Realtime payments is a burning topic in the banking and payments industry. And with the buzz there is also significant investment being made and disruption being experienced as a consequence.

What makes a payment “realtime”? One would think with all the attention it garners there would be one universal agreed definition. In practice the “realtime” label is used for a number of instruments and payments systems that vary in their accessibility, timeliness and certainty.

How the system works

The Immediate Payments Service (IMPS) in India as an example, confirms and clears payments in a few minutes. This means you can instruct your bank to money transfer funds to family or friends using your mobile or internet banking portal, and that instruction will be cleared by the payment system and transmitted to the beneficiary’s bank in a few minutes. The beneficiary bank may then release funds to the beneficiary immediately or may take a few more minutes to do so. If any step in this process fails your funds will be returned to your account. All told your loved ones can anticipate waiting no more than 10–20 minutes before they can withdraw those funds from an ATM. This is a marked improvement over traditional paper instruments like cheques and demand drafts, that are time consuming and fraud-prone. However if electronic payments are to become truly ubiquitous in India, such that your local vegetable vendor is going to accept them in lieu of cash, more investment is required in usability, speed and certainty of such realtime payments systems.

Realtime payments not only benefit you and I as individuals but also the economy at large. In the short term faster payments speed up cash conversion cycles of businesses, providing consistent working capital and reducing need for expensive short-term financing. More certain customer collections over time also strengthens corporate balance sheets, boosting investor confidence and growth. For regulators a cashless economy means more direct and faster transmission of monetary policy and tighter control on inflation. Government agencies can disburse benefits without leakage and fraud, typical with cash. And electronic payments bring much needed transparency to the system, enabling monitoring and control over financial crime.

Learning from best practices around the globe

To achieve anywhere-anytime payments there are a number of best practices emerging from systems such as the Faster Payments (FAST) network in the UK and Australia’s New Payments Platform (NPP):

• Minimize settlement risk: To bring irrevocability and finality to payments intermediate banks must have sufficient liquidity to clear and settle payments. This is achieved through frequent (say hourly) or realtime payment by payment settlement using central bank funds.

• A strong backbone infrastructure: To enable realtime 24/7/365 service invest and upgrade in the interbank payments systems and communications infrastructures such that they can provide low latency and high transaction volumes, tightly coupled with back-office systems of banks and intermediaries.

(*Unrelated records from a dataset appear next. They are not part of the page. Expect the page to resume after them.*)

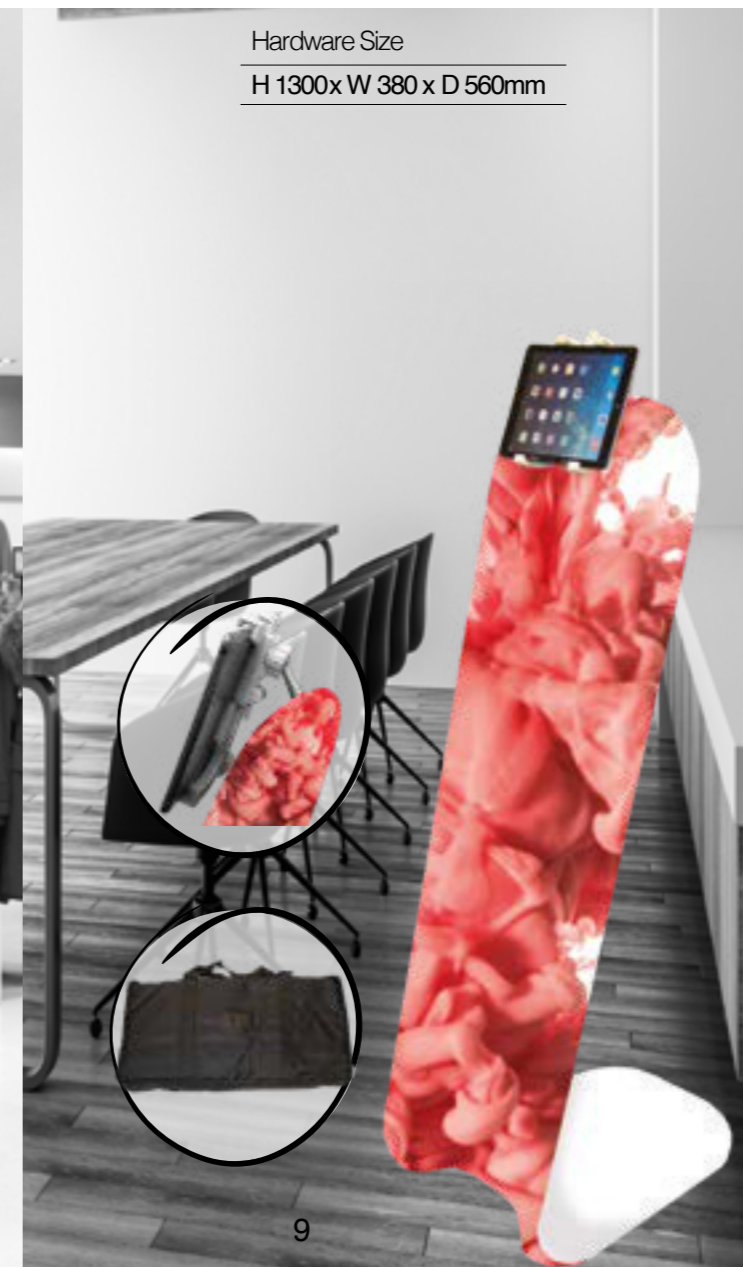

IPAD TUBE STAND TFD-IPAD

Hardware Size
H 1300 x W 380 x D 560mm
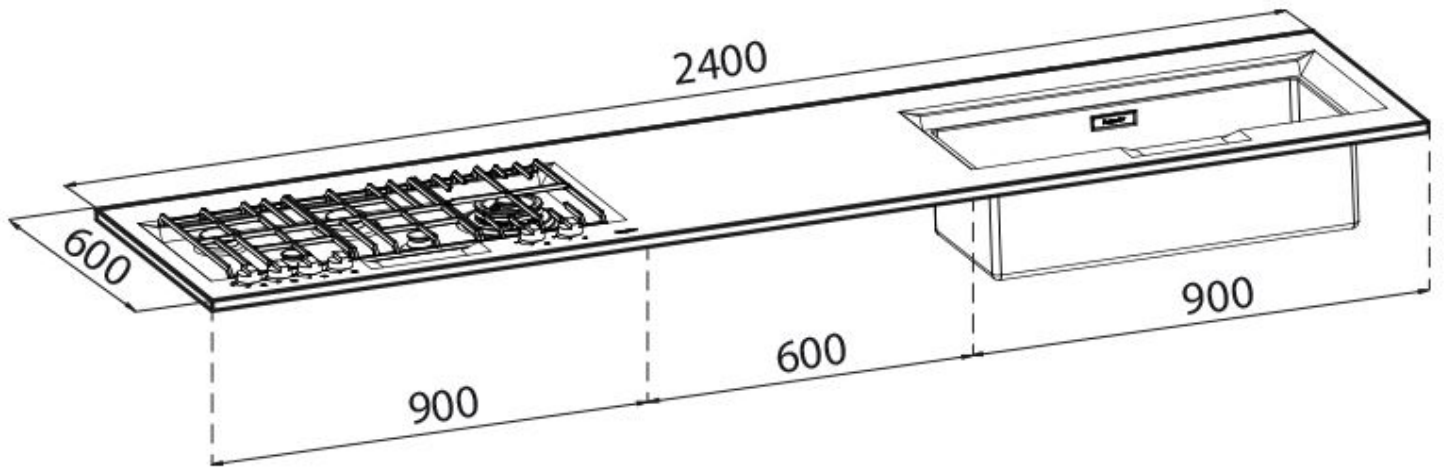

TECHNICAL DATA
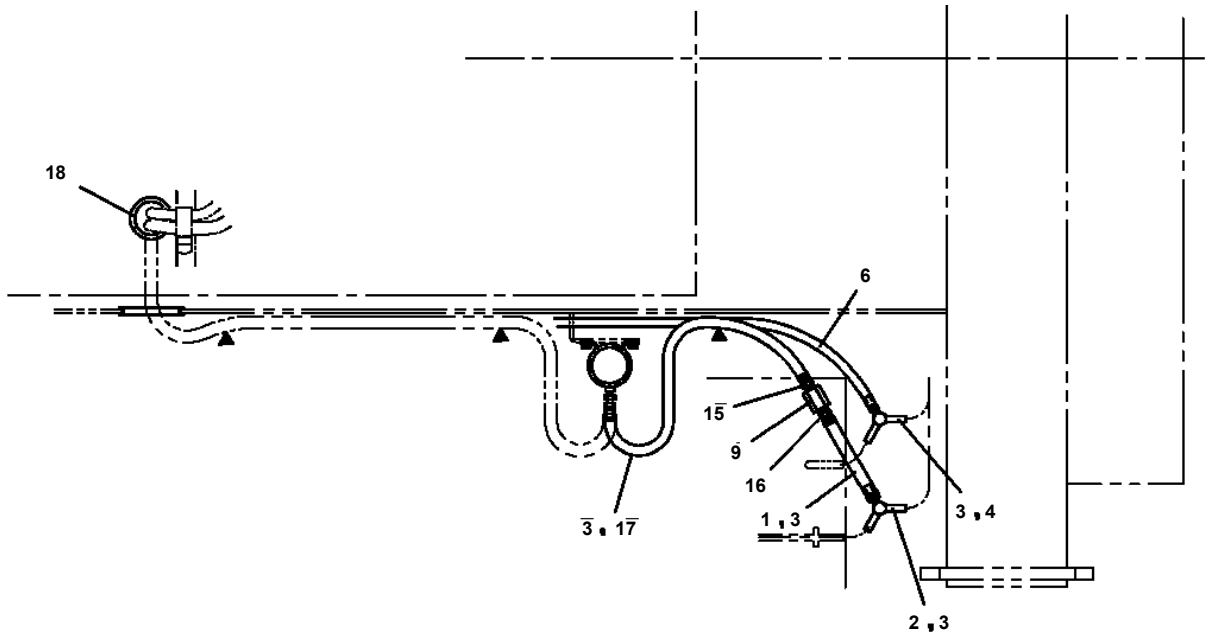

AT-142-1 42020140600 LOWER,ISUZU KC-NKR66E3N 5H
PX1000366-00 MOUNTING PARTS
ASSEMBLY

CLICK HERE TO **DOWNLOAD** THE COMPLETE MANUAL

- Thank you very much for reading the preview of the manual.
- You can download the complete manual from: www.heydownloads.com by clicking the link below

- Please note: If there is no response to CLICKING the link, please download this PDF first and then click on it.

CLICK HERE TO **DOWNLOAD** THE COMPLETE MANUAL

**AT-142-1 42020140600 LOWER, ISUZU KC-NKR66E3N 5H
PB1370063-01 POWER SUPPLY (FUEL PUMP)**

FRONT →

**AT-142-1 42020140600 LOWER,ISUZU KC-NKR66E3N 5H
PB1410851-00 PIPING,HYDRAULIC LOWER**

AT-142-1 42020140600 LOWER, ISUZU KC-NKR66E3N 5H
PI1300061-02 FILTER, OIL (YAMASHIN)

Assembly Name FILTER, OIL

Such infrastructures must operate a the highest levels of resiliency and availability.

• Build a platform: No one player can provide necessary penetration and access of services to the masses. This will require a rich and open ecosystem of banks, payments providers, bill aggregators and other intermediaries. Payments systems must be plug-and-play with open Application Program Interfaces (APIs) and uniform standards.

True realtime payments are hard. They require great ambition and effort. Yet they can have enormous positive impact in everyday lives of citizens and the economy as whole. The journey can be eased by closely observing and learning from experiences of our peers.